Belafonte became the first Black person to win an Emmy Award in 1960 for outstanding performance in a variety or musical program. “The Tonight Show” was the first late-night TV show hosted by a Black person when Belafonte served as a guest host amid nationwide civil rights protests in 1968. He welcomed Martin Luther King, Jr. and Bobby Kennedy as guests to the show.

“When Dr. King called me in the first instance, I think he reached out for me because he needed to reach out to a much broader constituency than he had been serving,” Belafonte once said of his first meeting with King, PEOPLE reports. “He said, ‘You know, I don’t know all that will be… I don’t know where this goes. All I do know is that I am compelled to go with it… At the end I told him, ‘I make the commitment, I’m in. I have no idea where this will go either, but I will stay the course no matter what.”

Belafonte became a UNICEF Goodwill Ambassador in 1987, and received endless accolades throughout his life such as a National Medal of the Arts from President Bill Clinton in 1994, a Recording Academy’s Lifetime Achievement Award, the Bishop John T. Walker Distinguished Humanitarian Service Award, a Lifetime Achievement Grammy from the Recording Academy in 2000.  

As PEOPLE reports, Belafonte received honorary degrees from Spelman College, City University of New York, Tufts University, Brandeis University, Long Island University, Bard College, and Columbia University.

The Rock and Roll Hall of Fame inducted Belafonte into the category of Early Influence last year. At the time of his joining, he was the oldest living member of the organization.

According to THR, Belafonte once shared a valuable piece of advice that his mother gave him when he was 5. 

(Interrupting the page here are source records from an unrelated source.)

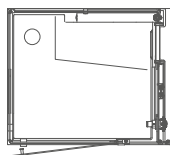

CLOUD I40

Disponibili con porta scorrevole (eccetto CLOUD S) o battente con apertura sinistra o destra. Cloud può essere installato su piatto doccia e filo pavimento.

CLOUD I40
140×90×220 cm

CLOUD I20
120×80×220 cm

CLOUD I00-80
100×80×220 cm

ΩMEGA
DESIGN PININFARINA

DESIGN MADE IN ITALY
ICONA INCONFONDIBILE

Design e materiali pregiati per accogliervi in uno spazio esclusivo.
Hamam con aromaterapia, doccia emozionale, cascata, idromassaggio dorsale con getti regolabili e la seduta in teak, dal tratto inconfondibile per rilassarsi e rigenerarsi in uno spazio esclusivo.
Disponibile in bianco o nero.

ΩMEGA NERO

ΩMEGA SINISTRA
120×100×225 cm

ΩMEGA DESTRA
120×100×225 cm

MATERIALI E FINITURE

SASHA, SASHA 2.0 E SASHA-MI

HPL BIANCO

HPL NERO

CORIAN®
VANILLA
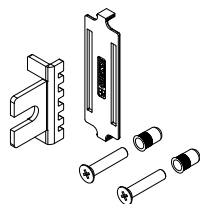

KIT DE ABERTURA EXTERNA ASIA PLUS 0-90

Funções

Componentes que adicionados à Cremona Asia Plus 0-90, sem componentes internos, permitem transformar em produto acabado.

Ficha técnica online

Características técnicas

Kit de preenchimento que permite conectar a cremona à haste de fecho da janela.

Composto por componentes internos e elementos de fixação (parafusos e pregos), que devem ser corretamente montados pelo fabricante.

Materiais

Roseta em poliamida preta

Cursor, parafusos e rebites em aço galvanizado

art. 02025

art. 02026

art. 02027

art. 02028

art. 02029

art. 02050

L= Comprimento do cursor

Código	Descrição	Comprimento do cursor	Base Natural	Anodizado Elox	Pintado	Trend/Ouro Latão	Peças por embalagem
02025	KIT DE ABERTURA EXTERNA	20 mm	X				10
02026	KIT DE ABERTURA EXTERNA	28 mm	X				10
02027	KIT DE ABERTURA EXTERNA	35 mm	X				10
02028	KIT DE ABERTURA EXTERNA	45 mm	X				10
02029	KIT DE ABERTURA EXTERNA	55 mm	X				10
02050	KIT DE ABERTURA EXTERNA	65 mm	X				10

“She was tenacious about her dignity not being crushed,” he told NPR. “And one day she said to me — she was talking about coming back from the day when she couldn’t find work — fighting back tears, she said, ‘Don’t ever let injustice go by unchallenged.’ And that really became a deep part of my life’s DNA. A lot of people say to me, ‘When as an artist did you decide to become an activist?’ I say to them, ‘I was long an activist before I became an artist.’ ”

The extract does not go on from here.